Rate limiting¶
Every public API request is rate-limited per API key (when authenticated) or per source IP (when anonymous). Limits are hourly buckets — the bucket resets one hour after the first request in it.
Two buckets per key¶
Every authenticated key has two independent rate-limit buckets:
- General bucket — for navigation endpoints (
/coverage,/politicians/:id,/bills,/votes,/committees/meetings, the free search auxiliaries, exports, …). Higher per-tier limits. - Semantic-search bucket — for the TEI-embedded endpoints
(
/search/speeches,/search/speeches/count,/search/facets). Lower per-tier limits because each call hits the GPU.
The two buckets are independent: blowing through your hourly semantic
budget doesn't stop you from calling /bills or /coverage, and
vice-versa.
Limits by tier¶
| Tier | General bucket | Semantic-search bucket | How to get it |
|---|---|---|---|
| Anonymous | 30 / hr (per source IP) | not available (sign in for free key) | No setup — call without an Authorization header |
| Free | 60 / hr | 5 / hr | Create a key |
| Developer ($20/mo) | 1,000 / hr | 100 / hr | Subscribe |
| Pro ($200/mo) | 10,000 / hr | 10,000 / hr | Subscribe |
All buckets are per-API-key, sliding-hourly. When you subscribe to dev or pro, all of your existing keys auto-promote in both buckets — you don't need to mint new keys.

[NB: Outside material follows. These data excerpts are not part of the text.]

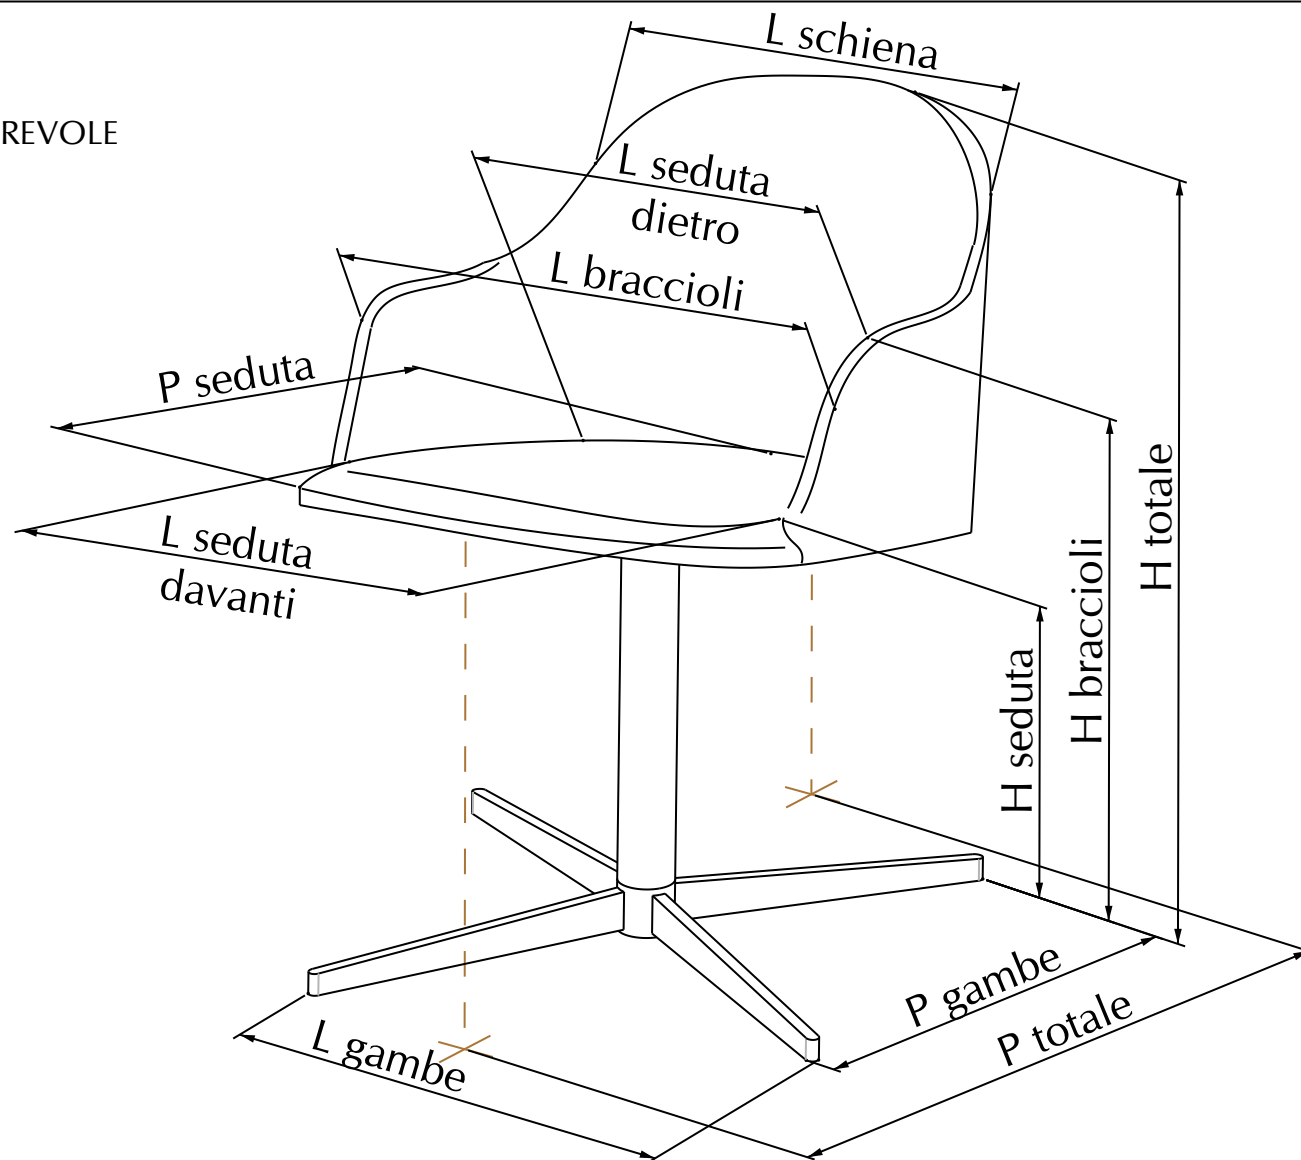

MODELLO: MARGOT

ARTICOLO: 40.48

SEDIA CON BASAMENTO CENTRALE (CROCE) GIREVOLE
IN ACCIAIO CROMATO

- ⊕ VARIABILI MONOSCOCCA (con braccioli)
IGNIFUGA IMBOTTITA E RIVESTITA:
- WATERPROOF NABUK
 - PURE VIRGIN WOOL
 - PELLE ECOLOGICA
 - PELLE
 - PELLE PREMIUM

	40.48
dimensioni (cm)	
volume (m3)	
peso (kg)	

	H seduta	H braccioli	H totale	P seduta	P gambe	P totale	L gambe	L seduta davanti	L braccioli	L seduta dietro	L schiena
40.48	470	675	850	430	475	540	465	460	550	410	400

N° DIS.: S221_307	DATA: 18-Feb-15	DISEGNATORE: ANGELUCCI E.	APPROVATO: Uff. TECNICO	
REV.: -	DATA: -	MODIFICA: -		
REV.: -	DATA: -	MODIFICA: -		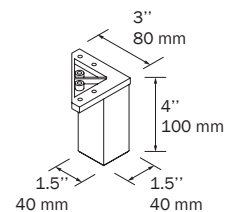

800 (32")

2 drawers vanities

1

Vanités 2 tiroirs

FUSL23323-VAN	Glossy white 32" vanity / Vanité 800 mm blanc lustré	$1066.00
FUSL96374-VAN	Matt white 32" vanity / Vanité 800 mm blanc mat	$1066.00
FUSL96387-VAN	Matt black 32" vanity / Vanité 800 mm noir mat	$1066.00
FUSL23327-VAN	Natural 32" vanity / Vanité 800 mm naturel	$1066.00
FUSL91057-VAN	African oak 32" vanity / Vanité 800 mm chêne d'Afrique	$1066.00
FUSL26555-VAN	Bay pine 32" vanity / Vanité 800 mm pin bahia	$1066.00
FUSL23326-VAN	Alsacia 32" vanity / Vanité 800 mm alsacia	$1066.00

3 drawers vanities

1

Legs not included

Vanités 3 tiroirs

Pattes non incluses

FUSL23264-VAN	Glossy white 32" vanity / Vanité 800 mm blanc lustré	$1352.00
FUSL96382-VAN	Matt white 32" vanity / Vanité 800 mm blanc mat	$1352.00
FUSL96392-VAN	Matt black 32" vanity / Vanité 800 mm noir mat	$1352.00
FUSL23268-VAN	Natural 32" vanity / Vanité 800 mm naturel	$1352.00
FUSL91062-VAN	African oak 32" vanity / Vanité 800 mm chêne d'Afrique	$1352.00
FUSL26566-VAN	Bay pine 32" vanity / Vanité 800 mm pin bahia	$1352.00
FUSL23267-VAN	Alsacia 32" vanity / Vanité 800 mm alsacia	$1352.00

Countertops Comptoirs

2

WB26781-POR	Constanza porcelain 32" basin / Lavabo Constanza porcelaine 810 mm	$539.00
WB91235-MSS	Vilna matt solid surface 32" basin / Lavabo Vilna Surface solide mat 805 mm	$981.00
WB20750-ML	Toscana mineral load 32" basin / Lavabo Toscana résine minérale 805 mm	$747.00
WB23401-POR	Veneto porcelain basin 32" basin / Lavabo Veneto porcelaine 810 mm	$861.00

Legs Pattes (100 mm)

3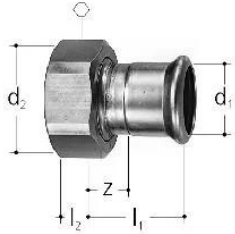

GF JRG Verschraubung (BR1) Mapress DN40

1156210

- Beschreibung: zu 1303, 1313, 1323, 1333, 1353, 1363, 1611, 1621, 2100-2140, 2161, 5010, 5011, 5080, 5081, 5211, 5281, 6320, 9910, 9920
- Anschluss: Mapress (BR1)
- Bestehend aus: loser Mutter, Pressmuffe, Flachdichtung

Ausschreibungstexte GF JRG Verschraubung (BR1) Mapress

Spezifikation

- Breites Produktspektrum
- Messinggehäuse

Anwendung

Trinkwasserinstallationen

GF JRG Verschraubung (BR1) Mapress DN40

1156210

Measurements

Inner_diameter_di	42
Länge (I1)	43
Länge (I2)	10
Z	14

Product code

Item no EAN	7613263024664
Item no GF	355600205
Item no GTIN	07613263024664
Item no RSK	4893427

Dimension

Höhe der Artikeleinheit	61
Länge der Artikeleinheit	53
Gewicht der Artikeleinheit	0,24
Breite der Artikeleinheit	61
Item_UOM	St.

Anonymous semantic search is not available — the three
/search/speeches*and/search/facetsendpoints require an API key. The navigation auxiliaries (/search/sessions,/search/chunks/:id,/search/meta) accept anonymous callers against the general IP bucket.
Response headers¶
Every response (success and 429) includes the standard
X-RateLimit-* headers so you can pace your client without
hammering and backing off:
HTTP/1.1 200 OK
X-RateLimit-Limit: 60
X-RateLimit-Remaining: 47
X-RateLimit-Reset: 2387
Cache-Control: public, max-age=300
X-RateLimit-Limit— your current bucket's max (depends on tier).X-RateLimit-Remaining— calls left in this bucket.X-RateLimit-Reset— seconds until the bucket resets.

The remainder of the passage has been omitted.